Osler T, Baker S P, Long W
Department of Surgery, University of Vermont, Burlington 05405, USA.
J Trauma. 1997 Dec;43(6):922-5; discussion 925-6. doi: 10.1097/00005373-199712000-00009.
The Injury Severity Score (ISS) has served as the standard summary measure of anatomic injury for more than 20 years. Nevertheless, the ISS has an idiosyncrasy that both impairs its predictive power and complicates its calculation. We present here a simple modification of the ISS called the New Injury Severity Score (NISS), which significantly outperforms the venerable but dated ISS as a predictor of mortality.
Retrospective calculation of NISS and comparison of NISS with prospectively calculated ISS.
The NISS is defined as the sum of the squares of the Abbreviated Injury Scale scores of each of a patient's three most severe Abbreviated Injury Scale injuries regardless of the body region in which they occur. NISS values were calculated for every patient in two large independent data sets: 3,136 patients treated during a 4-year period at the American College of Surgeons' Level I trauma center in Albuquerque, New Mexico, and 3,449 patients treated during a 4-year period at the American College of Surgeons' Level I trauma center at the Emanuel Hospital in Portland, Oregon. The power of NISS to predict mortality was then compared with previously calculated ISS values for the same patients in each of the two data sets.

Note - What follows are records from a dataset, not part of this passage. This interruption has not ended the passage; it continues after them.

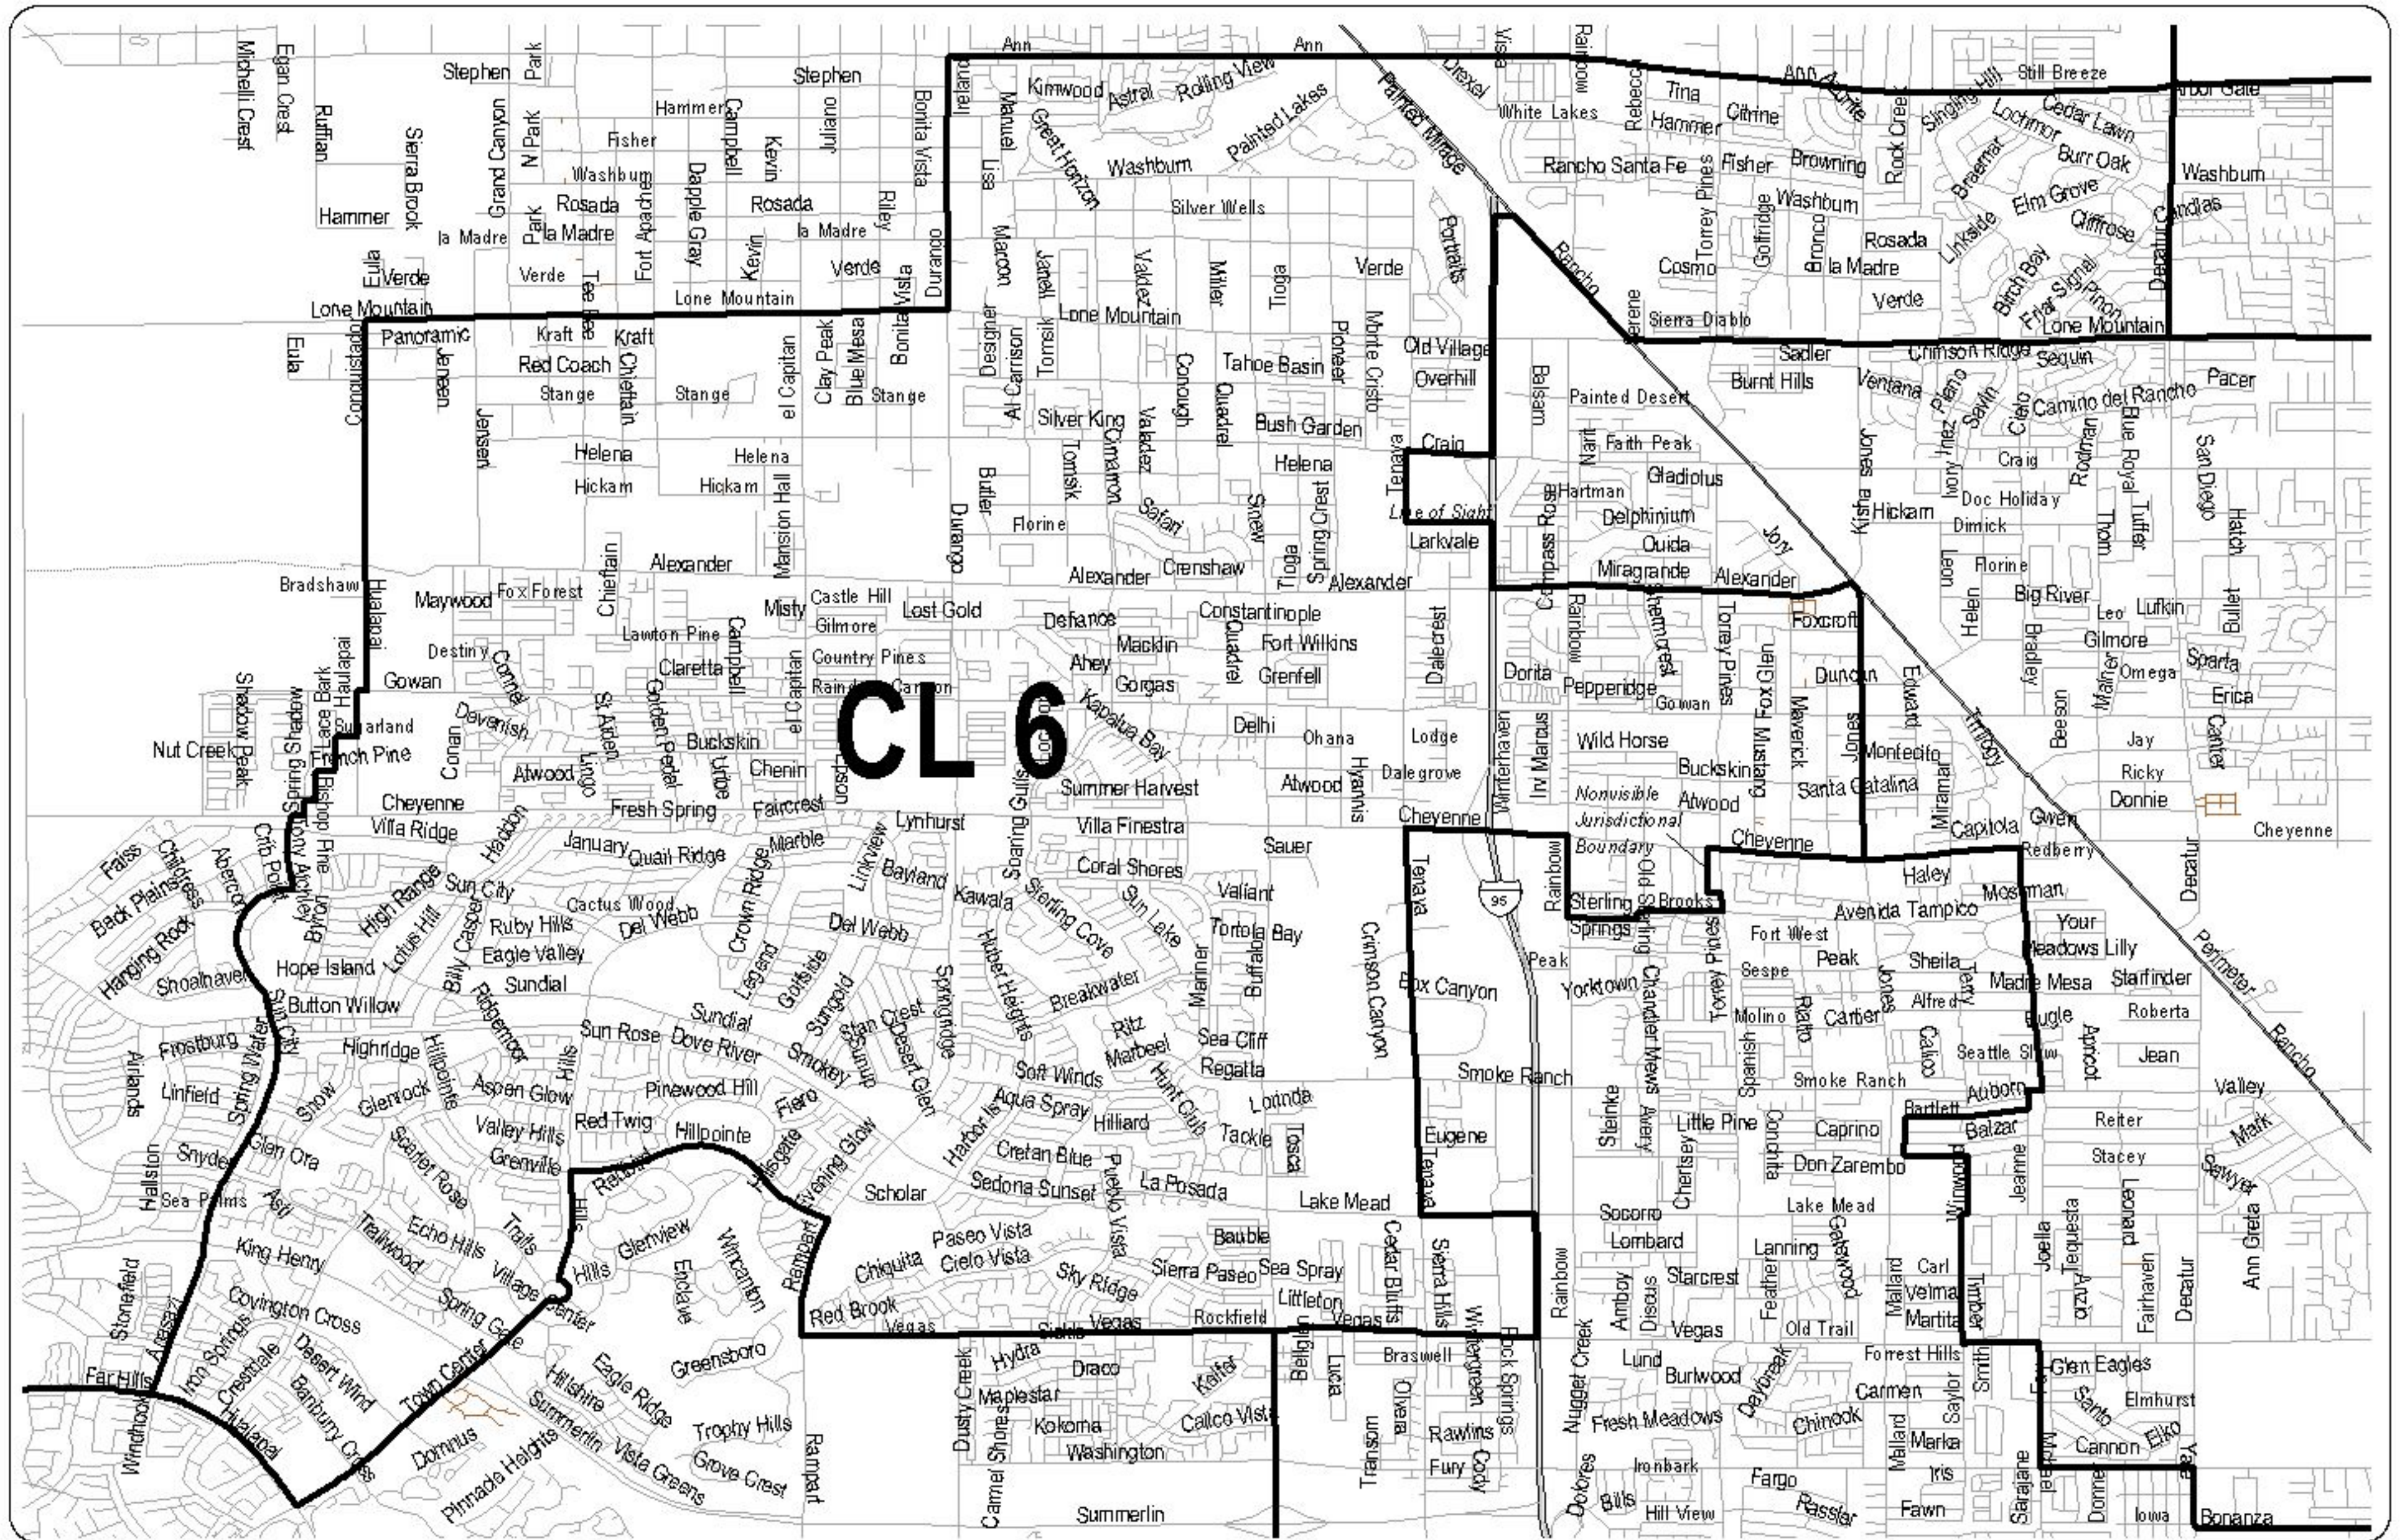

Nevada State Senate Clark County Senatorial District 6

Districts are effective on October 1, 2013.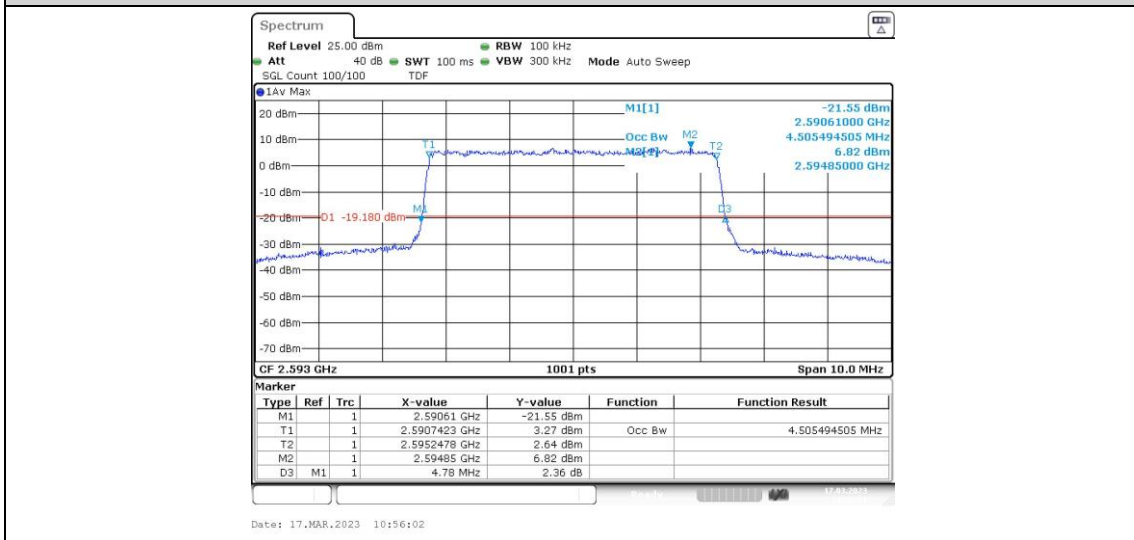

Test Graphs

Band41-5MHz-16QAM-39675-25RB#0

Band41-5MHz-16QAM-40620-25RB#0

Band41-5MHz-16QAM-41565-25RB#0

Band41-10MHz-16QAM-39700-50RB#0

Band41-10MHz-16QAM-40620-50RB#0

Band41-10MHz-16QAM-41540-50RB#0

Band41-15MHz-QPSK-39725-75RB#0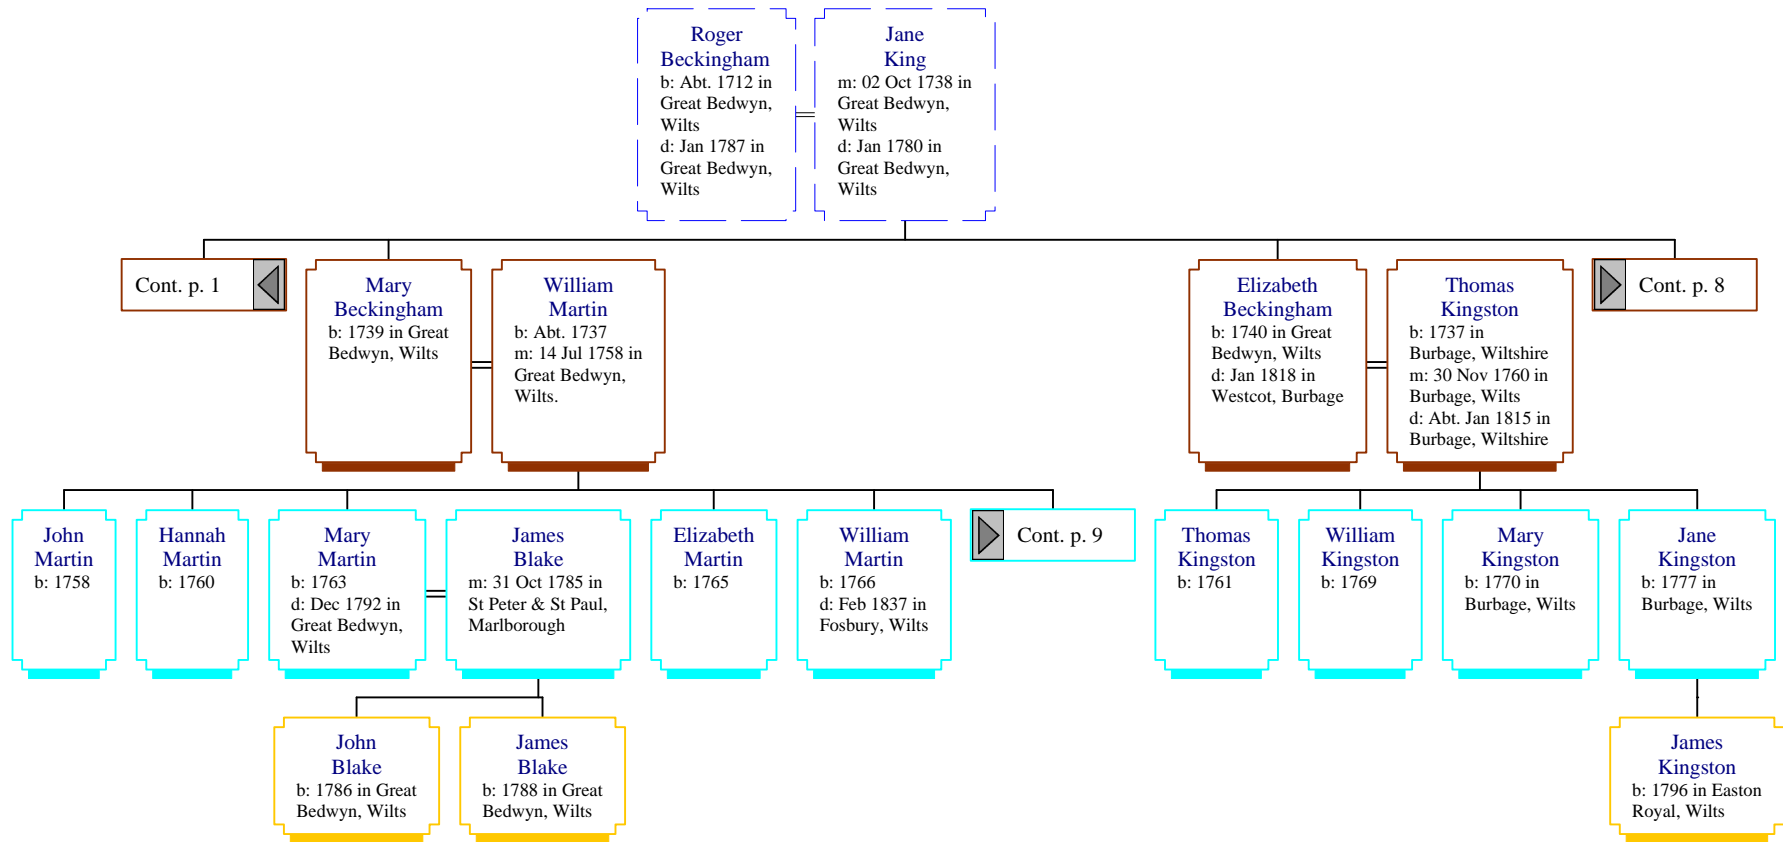

Descendants of Roger Beckingham (1 of 30)

Descendants of Roger Beckingham (2 of 30)

Descendants of Roger Beckingham (3 of 30)

Descendants of Roger Beckingham (4 of 30)

Descendants of Roger Beckingham (5 of 30)

Descendants of Roger Beckingham (6 of 30)

Descendants of Roger Beckingham (7 of 30)

Thomas Beckingham
b: 1774 in Burbage, Wilts
d: 12 Mar 1840 in Ram Alley, South Savernake, Wilts

Jane Pearce
b: Abt. May 1772 in Wootton Rivers, Wilts
m: 27 Apr 1797 in Wootton Rivers, Wilts
d: 17 Nov 1847 in Ram Alley, Burbage, Wilts

We find that NISS is not only simple to calculate but more predictive of survival as well (Albuquerque: receiver operating characteristic (ROC) ISS = 0.869, ROC NISS = 0.896, p < 0.001; Portland: ROC ISS = 0.896, ROC NISS = 0.907,p < 0.004). Moreover, NISS provides a better fit throughout its entire range of prediction (Hosmer Lemeshow statistic for Albuquerque ISS = 29.12, NISS = 8.88; Hosmer Lemeshow statistic for Portland ISS = 83.48, NISS = 19.86).
NISS should replace ISS as the standard summary measure of human trauma.
损伤严重度评分(ISS)作为解剖损伤的标准汇总测量指标已应用超过20年。然而,ISS存在一个特性,既损害其预测能力又使计算复杂化。我们在此提出一种对ISS的简单修改,称为新损伤严重度评分(NISS),作为死亡率预测指标,它显著优于备受尊崇但已过时的ISS。
回顾性计算NISS,并将NISS与前瞻性计算的ISS进行比较。
NISS定义为患者最严重的三处简明损伤定级(AIS)损伤的AIS评分平方之和,无论损伤发生在身体哪个部位。在两个大型独立数据集里为每位患者计算NISS值:一个数据集是新墨西哥州阿尔伯克基市美国外科医师学会一级创伤中心在4年期间治疗的3136例患者,另一个数据集是俄勒冈州波特兰市伊曼纽尔医院美国外科医师学会一级创伤中心在4年期间治疗的3449例患者。然后将两个数据集中相同患者的NISS预测死亡率的能力与先前计算的ISS值进行比较。
我们发现NISS不仅计算简单,而且对生存的预测性更强(阿尔伯克基市:受试者工作特征曲线(ROC)下ISS = 0.869,ROC下NISS = 0.896,p < 0.001;波特兰市:ROC下ISS = 0.896,ROC下NISS = 0.907,p < 0.004)。此外,NISS在其整个预测范围内拟合度更好(阿尔伯克基市ISS的霍斯默 - 莱梅肖统计量 = 29.12,NISS = 8.88;波特兰市ISS的霍斯默 - 莱梅肖统计量 = 83.48,NISS = 19.86)。
NISS应取代ISS作为人类创伤的标准汇总测量指标。